**WHAT THE EXERCISE ASKS**
Quote every line below exactly and skip any picture.
+++
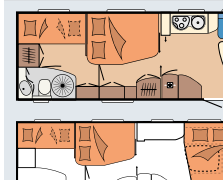

Prestige

L: 915cm · B: 250cm · G: 2.200kg

UITVOERING

F Tweepersoonsbed
K Kinderbed
L Éénpersoonsbed

M Middenzitgroep
S Zijzitgroep
B Voorste zitgroep

T Compacte badkamer
U Rondzitgroep
C Grote rondzitgroep (3/4)

W Wasruimte
f Vrijstaand
e Externe wasruimte

TECHNISCHE GEGEVENS

L: Totale lengte
B: Totale breedte
G: Toegestane maximale massa
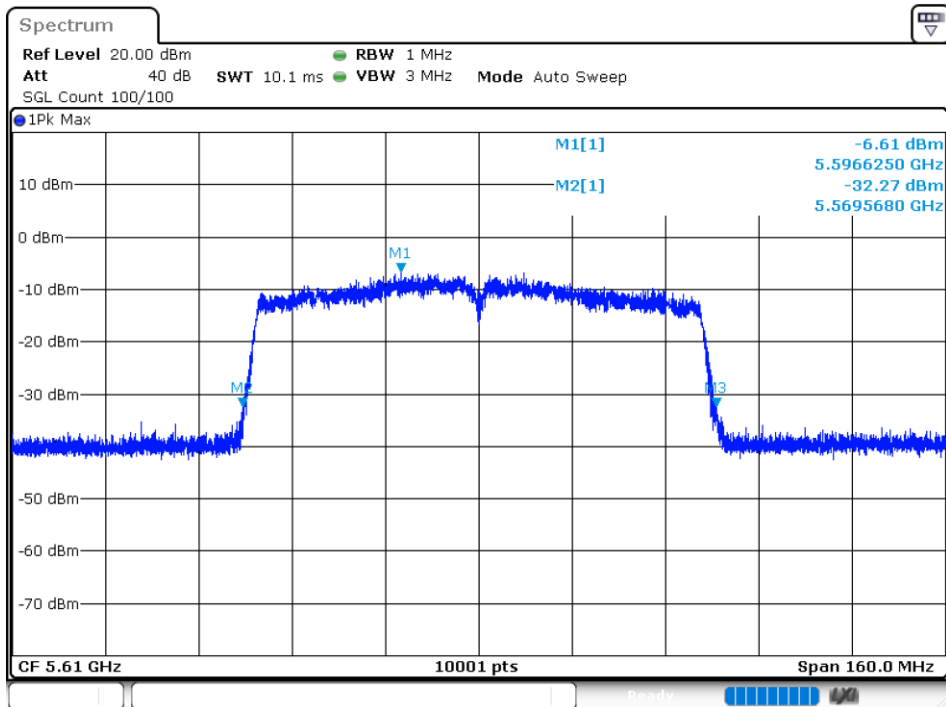

-26 dB BW NVNT 802.11ac40 5510MHz Ant 2

OBW NVNT 802.11ac40 5590MHz Ant 2

-26 dB BW NVNT 802.11ac40 5590MHz Ant 2

OBW NVNT 802.11ac40 5670MHz Ant 2

-26 dB BW NVNT 802.11ac40 5670MHz Ant 2

OBW NVNT 802.11ac80 5530MHz Ant 1

-26 dB BW NVNT 802.11ac80 5530MHz Ant 1

OBW NVNT 802.11ac80 5610MHz Ant 1

-26 dB BW NVNT 802.11ac80 5610MHz Ant 1

OBW NVNT 802.11ac80 5530MHz Ant 2

-26 dB BW NVNT 802.11ac80 5530MHz Ant 2

OBW NVNT 802.11ac80 5610MHz Ant 2
+++
**RESULT OF THE TASK**
Prestige

L: 915cm · B: 250cm · G: 2.200kg

UITVOERING

F Tweepersoonsbed
K Kinderbed
L Éénpersoonsbed

M Middenzitgroep
S Zijzitgroep
B Voorste zitgroep

T Compacte badkamer
U Rondzitgroep
C Grote rondzitgroep (3/4)

W Wasruimte
f Vrijstaand
e Externe wasruimte

TECHNISCHE GEGEVENS

L: Totale lengte
B: Totale breedte
G: Toegestane maximale massa

-26 dB BW NVNT 802.11ac40 5510MHz Ant 2

OBW NVNT 802.11ac40 5590MHz Ant 2

-26 dB BW NVNT 802.11ac40 5590MHz Ant 2

OBW NVNT 802.11ac40 5670MHz Ant 2

-26 dB BW NVNT 802.11ac40 5670MHz Ant 2

OBW NVNT 802.11ac80 5530MHz Ant 1

-26 dB BW NVNT 802.11ac80 5530MHz Ant 1

OBW NVNT 802.11ac80 5610MHz Ant 1

-26 dB BW NVNT 802.11ac80 5610MHz Ant 1

OBW NVNT 802.11ac80 5530MHz Ant 2

-26 dB BW NVNT 802.11ac80 5530MHz Ant 2

OBW NVNT 802.11ac80 5610MHz Ant 2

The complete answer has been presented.